▶ _Data extract_
════════
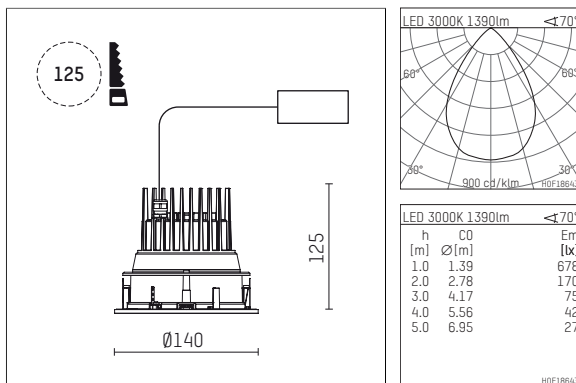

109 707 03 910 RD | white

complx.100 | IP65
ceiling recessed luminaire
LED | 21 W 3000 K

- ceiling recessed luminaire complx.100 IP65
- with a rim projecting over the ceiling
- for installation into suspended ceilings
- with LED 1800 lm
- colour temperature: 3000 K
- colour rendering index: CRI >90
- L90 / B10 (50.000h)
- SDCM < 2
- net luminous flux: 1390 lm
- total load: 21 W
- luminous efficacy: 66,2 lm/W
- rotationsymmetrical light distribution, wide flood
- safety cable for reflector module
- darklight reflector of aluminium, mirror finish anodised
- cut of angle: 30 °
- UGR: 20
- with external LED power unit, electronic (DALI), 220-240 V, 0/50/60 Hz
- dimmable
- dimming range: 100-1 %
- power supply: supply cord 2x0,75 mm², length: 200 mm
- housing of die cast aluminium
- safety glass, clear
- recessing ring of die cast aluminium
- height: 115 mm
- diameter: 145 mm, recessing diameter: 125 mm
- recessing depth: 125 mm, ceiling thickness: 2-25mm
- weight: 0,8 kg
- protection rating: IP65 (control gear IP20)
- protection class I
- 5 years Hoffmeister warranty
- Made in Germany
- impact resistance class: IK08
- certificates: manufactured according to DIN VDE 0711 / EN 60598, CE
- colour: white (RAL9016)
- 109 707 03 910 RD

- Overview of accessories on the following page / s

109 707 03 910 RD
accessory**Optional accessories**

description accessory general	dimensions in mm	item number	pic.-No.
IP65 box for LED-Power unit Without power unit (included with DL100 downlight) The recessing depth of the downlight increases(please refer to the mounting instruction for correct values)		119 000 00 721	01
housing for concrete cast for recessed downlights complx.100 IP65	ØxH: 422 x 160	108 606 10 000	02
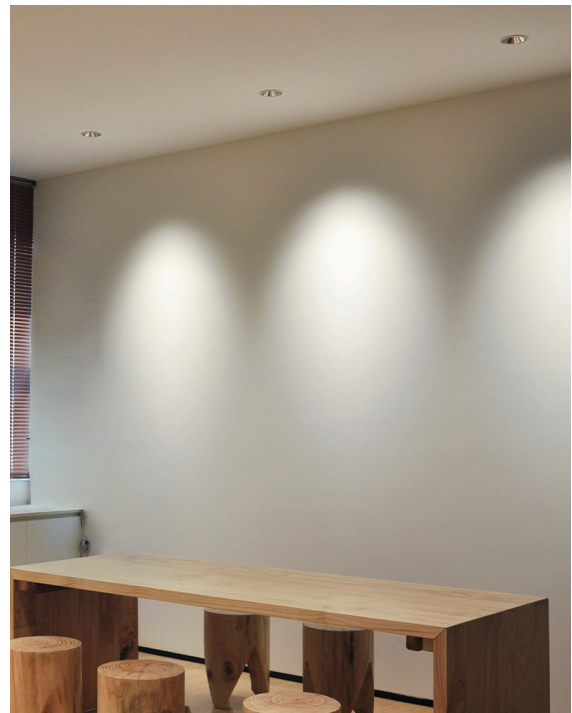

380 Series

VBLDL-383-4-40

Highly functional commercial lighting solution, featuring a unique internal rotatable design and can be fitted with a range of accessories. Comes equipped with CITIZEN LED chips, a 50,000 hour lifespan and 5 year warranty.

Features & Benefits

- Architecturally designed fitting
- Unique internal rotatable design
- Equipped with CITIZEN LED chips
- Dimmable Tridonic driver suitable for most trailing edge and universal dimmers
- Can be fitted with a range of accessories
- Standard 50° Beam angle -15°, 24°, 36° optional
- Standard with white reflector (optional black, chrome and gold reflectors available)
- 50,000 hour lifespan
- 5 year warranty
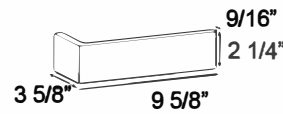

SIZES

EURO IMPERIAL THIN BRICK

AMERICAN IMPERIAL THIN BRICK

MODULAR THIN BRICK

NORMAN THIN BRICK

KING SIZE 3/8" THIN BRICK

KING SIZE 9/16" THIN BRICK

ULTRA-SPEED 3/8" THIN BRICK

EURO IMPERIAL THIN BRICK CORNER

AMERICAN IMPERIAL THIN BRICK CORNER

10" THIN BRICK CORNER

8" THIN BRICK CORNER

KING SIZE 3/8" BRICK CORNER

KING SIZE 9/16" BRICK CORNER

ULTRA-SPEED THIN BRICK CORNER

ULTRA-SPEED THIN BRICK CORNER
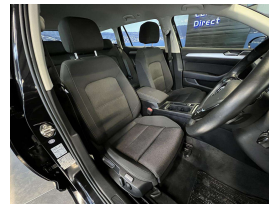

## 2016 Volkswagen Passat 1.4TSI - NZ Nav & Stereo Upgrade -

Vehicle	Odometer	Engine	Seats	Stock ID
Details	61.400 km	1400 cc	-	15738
════════
Send back the data above word for word, with the pictures left out.

▶ _Result_
109 707 03 910 RD | white

complx.100 | IP65
ceiling recessed luminaire
LED | 21 W 3000 K

- ceiling recessed luminaire complx.100 IP65
- with a rim projecting over the ceiling
- for installation into suspended ceilings
- with LED 1800 lm
- colour temperature: 3000 K
- colour rendering index: CRI >90
- L90 / B10 (50.000h)
- SDCM < 2
- net luminous flux: 1390 lm
- total load: 21 W
- luminous efficacy: 66,2 lm/W
- rotationsymmetrical light distribution, wide flood
- safety cable for reflector module
- darklight reflector of aluminium, mirror finish anodised
- cut of angle: 30 °
- UGR: 20
- with external LED power unit, electronic (DALI), 220-240 V, 0/50/60 Hz
- dimmable
- dimming range: 100-1 %
- power supply: supply cord 2x0,75 mm², length: 200 mm
- housing of die cast aluminium
- safety glass, clear
- recessing ring of die cast aluminium
- height: 115 mm
- diameter: 145 mm, recessing diameter: 125 mm
- recessing depth: 125 mm, ceiling thickness: 2-25mm
- weight: 0,8 kg
- protection rating: IP65 (control gear IP20)
- protection class I
- 5 years Hoffmeister warranty
- Made in Germany
- impact resistance class: IK08
- certificates: manufactured according to DIN VDE 0711 / EN 60598, CE
- colour: white (RAL9016)
- 109 707 03 910 RD

- Overview of accessories on the following page / s

109 707 03 910 RD
accessory**Optional accessories**

description accessory general	dimensions in mm	item number	pic.-No.
IP65 box for LED-Power unit Without power unit (included with DL100 downlight) The recessing depth of the downlight increases(please refer to the mounting instruction for correct values)		119 000 00 721	01
housing for concrete cast for recessed downlights complx.100 IP65	ØxH: 422 x 160	108 606 10 000	02

380 Series

VBLDL-383-4-40

Highly functional commercial lighting solution, featuring a unique internal rotatable design and can be fitted with a range of accessories. Comes equipped with CITIZEN LED chips, a 50,000 hour lifespan and 5 year warranty.

Features & Benefits

- Architecturally designed fitting
- Unique internal rotatable design
- Equipped with CITIZEN LED chips
- Dimmable Tridonic driver suitable for most trailing edge and universal dimmers
- Can be fitted with a range of accessories
- Standard 50° Beam angle -15°, 24°, 36° optional
- Standard with white reflector (optional black, chrome and gold reflectors available)
- 50,000 hour lifespan
- 5 year warranty

SIZES

EURO IMPERIAL THIN BRICK

AMERICAN IMPERIAL THIN BRICK

MODULAR THIN BRICK

NORMAN THIN BRICK

KING SIZE 3/8" THIN BRICK

KING SIZE 9/16" THIN BRICK

ULTRA-SPEED 3/8" THIN BRICK

EURO IMPERIAL THIN BRICK CORNER

AMERICAN IMPERIAL THIN BRICK CORNER

10" THIN BRICK CORNER

8" THIN BRICK CORNER

KING SIZE 3/8" BRICK CORNER

KING SIZE 9/16" BRICK CORNER

ULTRA-SPEED THIN BRICK CORNER

ULTRA-SPEED THIN BRICK CORNER

## 2016 Volkswagen Passat 1.4TSI - NZ Nav & Stereo Upgrade -

Vehicle	Odometer	Engine	Seats	Stock ID
Details	61.400 km	1400 cc	-	15738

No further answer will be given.